We suddenly had it then, and we still didn’t know what to do with it. When communication attempts failed, and our instruments had found all they could, an expedition was outfitted. A team of astronauts with a mathematician, linguist, psychologist, and school-teacher in tow, launched for the ISS. They made their rendezvous to procure supplies sent up before them on an automated rocket, then made for the moon-like vehicle orbiting nearby.

We still haven’t heard back much, but we know its empty. There’s a lot to be deciphered and scoured, but there is supposedly a distinct lack of any life aboard. I hope that proves true. I hope those crazy conspiracy theorists are wrong, that there isn’t a cover-up about aliens aboard. I hope, but I’m not holding my breath. There’s something about disappearances these days. They’re too numerous, too obvious. I can’t imagine what the point would be.

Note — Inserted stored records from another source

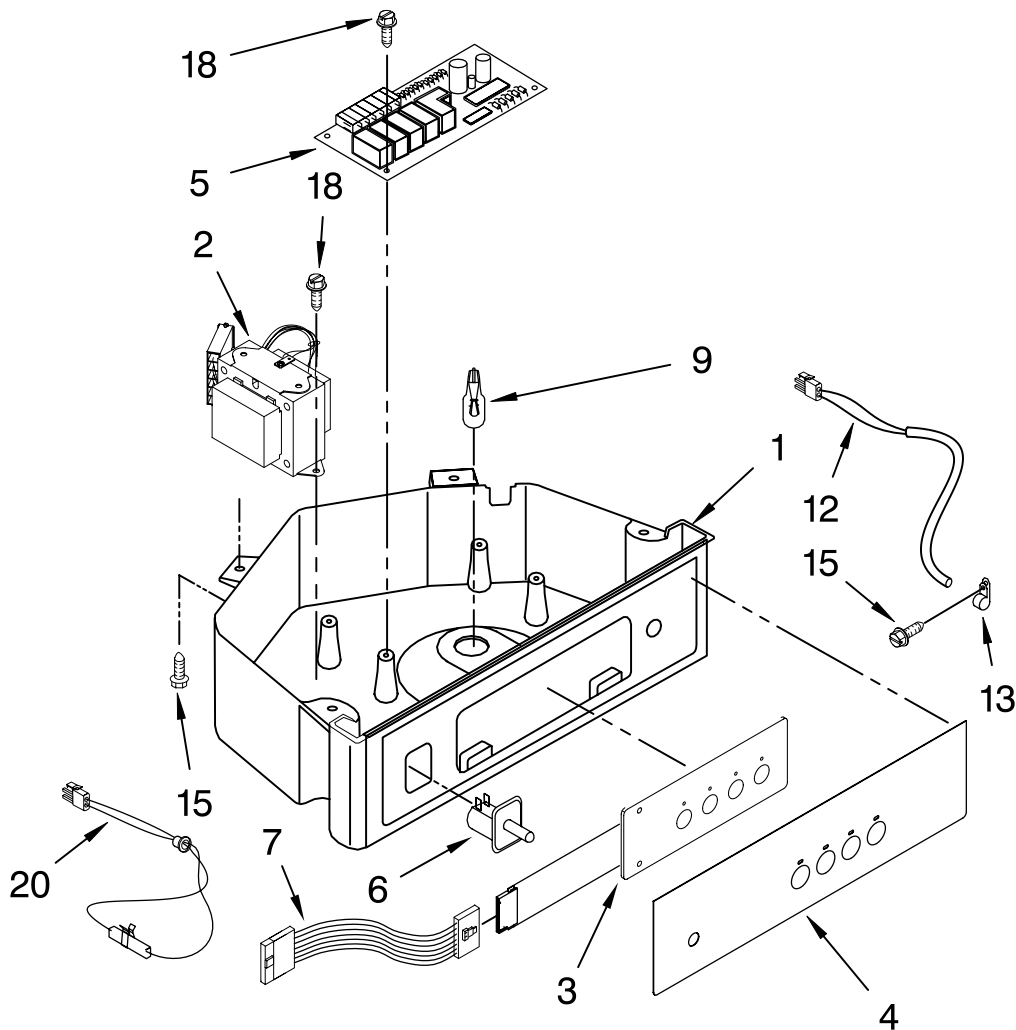

For Models: KUIS18PNTW1, KUIS18PNTB1
(White) (Black)

Illus. No.	Part No.	DESCRIPTION
1	W10159841	Valve, Complete Water
2	2217286	Tube, Plastic
3	488208	Screw
4	2185523	Dispenser, Water
5	2217269	Evaporator
6	2313705	Pump, Drain
7	2313851	Tube, Reservoir Pump
8	2172593	Tube, Water Fill
9	488660	Nut, Speed
10	836667	Spacer
11	2208539	Fastener, Pushnut
12	489443	Screw
13	2185625	Reservoir, Water Slide
14	2185626	Tube
15	2313890	Hose, Overflow
16	2217378	Bracket-Reservoir
17	2313603	Bracket, Front and Rear
18	2313602	Bracket, Side Left and Right
19	2185681	Harness, Grid
20	2208427	Support, Bracket Evaporator/Grid
21	2313604	Guide, Ice Grid
22	W10136146	Tube
24	2310169	Wire Assembly (Valve)
25	8281193	Screw
26	3400886	Screw 8-18 x 1 1/4
28	2313637	Grid Assembly (Complete)
29	2174754	Wire, Grid Cutter
30	8281192	Screw
31	2208365	Cover, Grid
32	8281228	Thumbscrew
33	2324334	Reservoir, Water
34	3400884	Screw 8-18 x 5/8
35	2185696	Cap, Drain
36	3400909	Nut, Push-In

FOR ORDERING INFORMATION REFER TO PARTS PRICE LIST

PUMP PARTS

For Models: KUIS18PNTW1, KUIS18PNTB1
(White) (Black)

Illus. No.	Part No.	DESCRIPTION
1	2313628	Pump-Recirculating
2	3400884	Screw 8-18 x 5/8
3	2185677	Cover, Pump
4	2313844	Bracket, Connector Assembly
5	2313627	Bracket-Pump
6	2313643	Sensor-Water Level
8	2310092	Wiring Harness Main To Pump
9	2313702	Pump Assembly

FOR ORDERING INFORMATION REFER TO PARTS PRICE LIST

CONTROL PANEL PARTS

For Models: KUIS18PNTW1, KUIS18PNTB1

(White)

(Black)

Illus. No.	Part No.	DESCRIPTION
1	W10139127	Box, Control
2	2310139	Transformer
3	2304122	Assembly, Switch (ALSO ORDER #4)
4	2313693	Overlay
5	W10122069	Control Board
6	2149705	Switch, Plunger Grid/ Light
7	2187585	Wire Assy-Active Overlay Jumper
9	745362	Bulb
12	2313633	Thermostat, Bin
13	2185825	Clamp
15	3400884	Screw 8-18 x 5/8
18	3400850	Screw 8-16 x 3/8
20	2313635	Thermister, Ice Control

We live in fear now. It’s kept us in check thus far, but the way things have turned, it isn’t a stretch to believe it could all fall to chaos again. The governments don’t have control anymore. The militias are more armed and populated than ever, and the water main is still unfixed. I don’t know if things will ever be the same again, but I’m not certain if that’s good or bad. All I know is that my wife and I, and our daughter, won’t be taken without a fight, no matter who comes knocking.

Bonus Poem: Final Breath

Passion,
Lust,
Desire,
Bred by the heart that’s caught fire.

Betrayal,
Mistrust,
Jealousy,
Claw at the back in simile.

Disgrace,
Disgust,
Shame,
In more than only name.

And yet,
to thrust,
pierce fate,
a word used most in hate.

So we stand,
amid rust,
society decayed,
to carry on as we must.

But when,
blown to dust,
our greatest feat,
We’ve no recourse but to admit defeat.

But such,
is Nature’s gust,
when soiled by us,
and left in a fuss.

She will,
with her great crust,
up-heave and quake,
not stop ’til we awake.

And from,
the miserable thrum,
of cyclic life and death,
compel from us our final breath.

Short Story: Beta Base

Stainless steel and ceramic tile drably colored the walls and floors of the Luna-base research outpost. Officially, Luna-base was the first scientific Research exostation in Sol. It was the first time Humanity left Earth and actually stayed put once it landed, officially that is. Unofficially, it was the second, and on Luna at that, but mentioning that fact had become a social faux-pas. Mostly, people didn’t want to admit they’d let their governments and militaries win the space race.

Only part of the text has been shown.